Panel proposes wider use of private baggage screeners

Bill would give airport owners a way around cap on federal screeners.

The House Homeland Security Committee wants airports to opt out of the Transportation Security Administration's aviation screening program as part of an agency reorganization the panel proposed Wednesday.

Homeland Security Economic Security, Infrastructure Protection and Cybersecurity Subcommittee Chairman Dan Lungren, R-Calif., said legislation the committee is introducing would provide airports with incentives and flexibility to hire private screeners.

If airport owners can show a savings by hiring a private screening company as opposed to federal screeners, the owner can use the savings to buy more technology, Lungren said. He dismissed the notion that the bill aims to eliminate the federal screening program but rather gives airports flexibility to get around the cap on the number of federal screeners.

Congress has prohibited TSA from hiring more than 45,000 screeners since creating the agency after the Sept. 11, 2001, terrorist attacks. Lungren, along with Homeland Security Chairman Peter King, R-N.Y, said he wants to move the bill early next year.

Democrats on the panel did not join their Republican colleagues Wednesday, but Lungren said the GOP members consulted them about the legislation and tried to address their concerns in the bill.

But the bill does not include provisions on several hot-button issues raised by Democrats, such as screening cargo placed on passenger airplanes and bolstering rail and mass transit security in the wake of the London bombings last summer. Lungren said the bill would increase accountability and efficiency at TSA and, as a result, allow officials to focus more resources on those issues.

"This does not put us back to the pre-9/11 position," Lungren said. "It does not eliminate [security] standards."

Another provision in the bill would allow TSA to use commercial databases to verify airline passenger's identity before boarding the aircraft. Congress in the recently enacted fiscal 2006 Homeland Security spending bill prohibited TSA from using commercial data.

Lungren's bill would limit the use of commercial data by not allowing TSA to "purchase, compile, obtain or otherwise possess" the information. Nonetheless, the provision is likely to spark heated debate among Democrats and privacy groups.

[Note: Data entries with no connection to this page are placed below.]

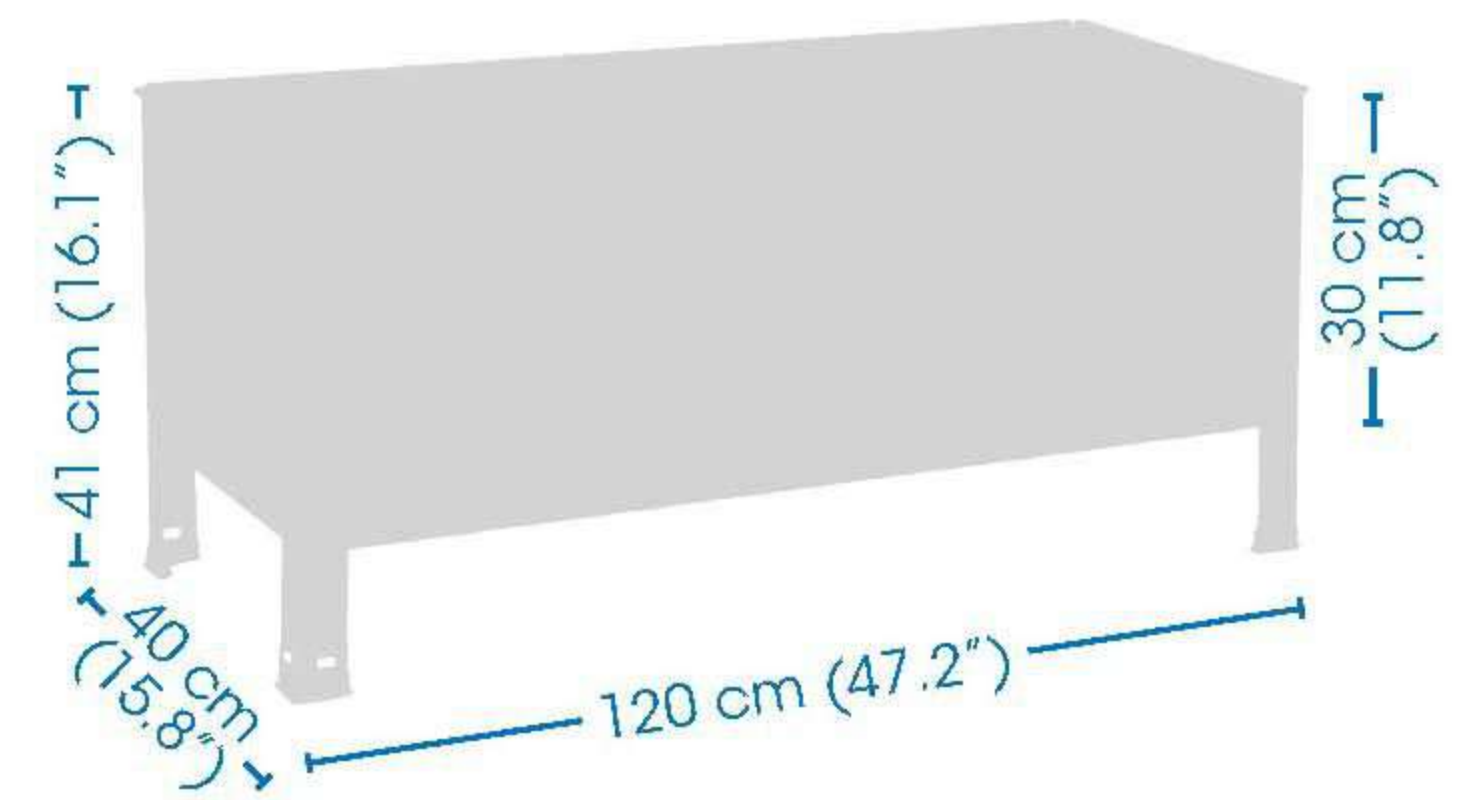

**Simon
Rack**
SINCE 1964 - MANUFACTURER

**Simon
Garden**

Simongarden Urban

41 x 120 x 40 cm

16.1" x 47.2" x 15.8"

OPTIONAL
NOT INCLUDED

*MEDIDAS EN USO: 419 x 1224 x 421 mm
USED MEASUREMENTS: 16.50"x 48.19" x 16.58"

The legislation also would set performance goals for TSA, state and local governments and the private sector to continue improving airport security. It would aim to reduce airline passenger frustrations with long security lines by requiring TSA to develop a list of vetted passengers through various programs that could bypass security checks and reduce lines.

It would also create an independent, performance-based organization within TSA to focus exclusively on airline passenger and baggage screening.

There has not been a comparable proposal in the Senate, although Commerce Chairman Ted Stevens, R-Alaska, plans to hold a series of hearings early next year to determine if the agency needs to be reorganized, a committee spokeswoman said.